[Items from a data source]
--- START ---
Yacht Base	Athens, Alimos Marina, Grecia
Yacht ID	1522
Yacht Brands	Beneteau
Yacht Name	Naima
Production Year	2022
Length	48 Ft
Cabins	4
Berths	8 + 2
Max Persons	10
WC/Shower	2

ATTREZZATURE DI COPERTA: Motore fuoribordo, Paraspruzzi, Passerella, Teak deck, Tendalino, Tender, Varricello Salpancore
--- END ---
--- START ---
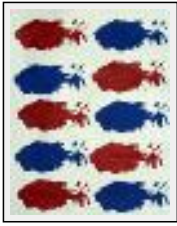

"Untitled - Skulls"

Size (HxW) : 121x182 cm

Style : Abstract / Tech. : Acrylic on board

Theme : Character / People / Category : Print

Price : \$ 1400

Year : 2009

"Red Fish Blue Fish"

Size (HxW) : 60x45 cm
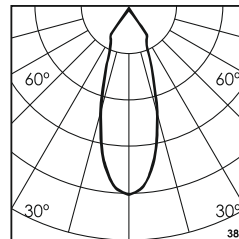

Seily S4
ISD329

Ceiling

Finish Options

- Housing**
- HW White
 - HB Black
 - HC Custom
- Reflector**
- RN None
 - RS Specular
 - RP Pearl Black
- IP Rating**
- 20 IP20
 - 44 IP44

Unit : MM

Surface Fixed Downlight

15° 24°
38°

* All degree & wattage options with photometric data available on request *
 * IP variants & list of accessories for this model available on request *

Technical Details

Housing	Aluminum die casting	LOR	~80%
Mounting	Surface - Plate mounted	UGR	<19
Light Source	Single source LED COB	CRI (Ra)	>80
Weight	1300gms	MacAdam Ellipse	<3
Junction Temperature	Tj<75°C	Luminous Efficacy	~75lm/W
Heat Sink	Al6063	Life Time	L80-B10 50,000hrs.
--- END ---
--- START ---
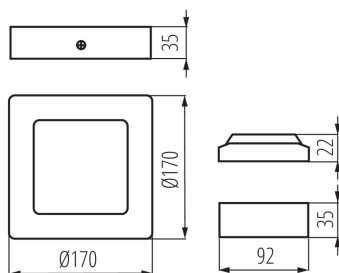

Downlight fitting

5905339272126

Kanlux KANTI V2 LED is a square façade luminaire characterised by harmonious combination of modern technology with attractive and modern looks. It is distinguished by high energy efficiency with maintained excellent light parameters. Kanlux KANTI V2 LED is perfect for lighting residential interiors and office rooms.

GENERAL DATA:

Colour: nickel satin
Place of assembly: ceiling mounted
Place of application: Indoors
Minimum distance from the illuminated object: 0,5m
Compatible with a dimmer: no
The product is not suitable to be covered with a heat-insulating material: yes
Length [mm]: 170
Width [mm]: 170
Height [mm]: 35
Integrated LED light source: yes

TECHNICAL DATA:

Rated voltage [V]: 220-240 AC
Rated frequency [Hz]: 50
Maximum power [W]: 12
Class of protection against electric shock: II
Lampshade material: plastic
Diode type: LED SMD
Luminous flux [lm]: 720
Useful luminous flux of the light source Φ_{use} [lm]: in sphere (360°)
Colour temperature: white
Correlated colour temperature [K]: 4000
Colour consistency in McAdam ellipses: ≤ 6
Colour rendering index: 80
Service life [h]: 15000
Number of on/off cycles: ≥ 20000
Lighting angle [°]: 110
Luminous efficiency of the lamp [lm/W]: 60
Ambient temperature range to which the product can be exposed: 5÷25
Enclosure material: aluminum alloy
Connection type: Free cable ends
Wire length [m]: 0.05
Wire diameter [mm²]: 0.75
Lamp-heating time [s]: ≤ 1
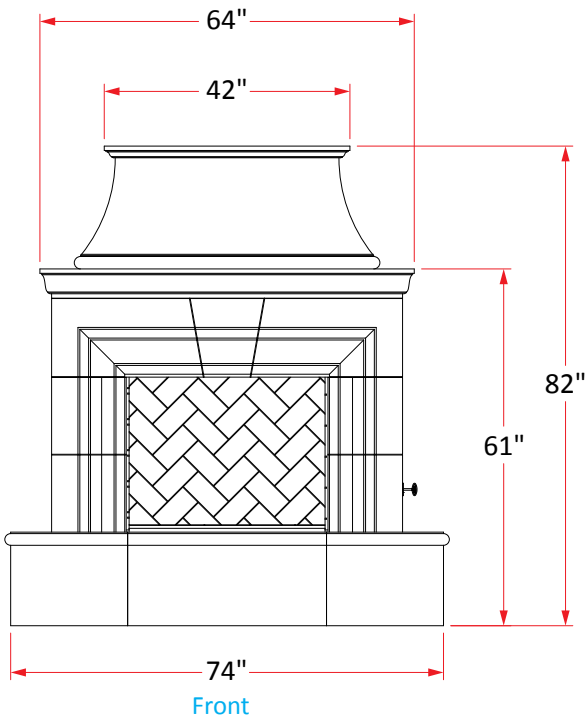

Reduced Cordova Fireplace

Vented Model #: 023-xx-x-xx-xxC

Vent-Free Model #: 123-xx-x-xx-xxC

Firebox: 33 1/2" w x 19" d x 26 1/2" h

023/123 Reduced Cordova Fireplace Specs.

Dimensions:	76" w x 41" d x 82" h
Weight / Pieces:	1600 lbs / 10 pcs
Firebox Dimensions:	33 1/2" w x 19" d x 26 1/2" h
--- END ---
◆ Work order: Copy, exactly and only, the lines above that begin with the one containing "Alimos Marina, Grecia" and finish with the one containing "ATTREZZATURE DI COPERTA: Motore".

◆ Completed task:
Yacht Base	Athens, Alimos Marina, Grecia
Yacht ID	1522
Yacht Brands	Beneteau
Yacht Name	Naima
Production Year	2022
Length	48 Ft
Cabins	4
Berths	8 + 2
Max Persons	10
WC/Shower	2

ATTREZZATURE DI COPERTA: Motore fuoribordo, Paraspruzzi, Passerella, Teak deck, Tendalino, Tender, Varricello Salpancore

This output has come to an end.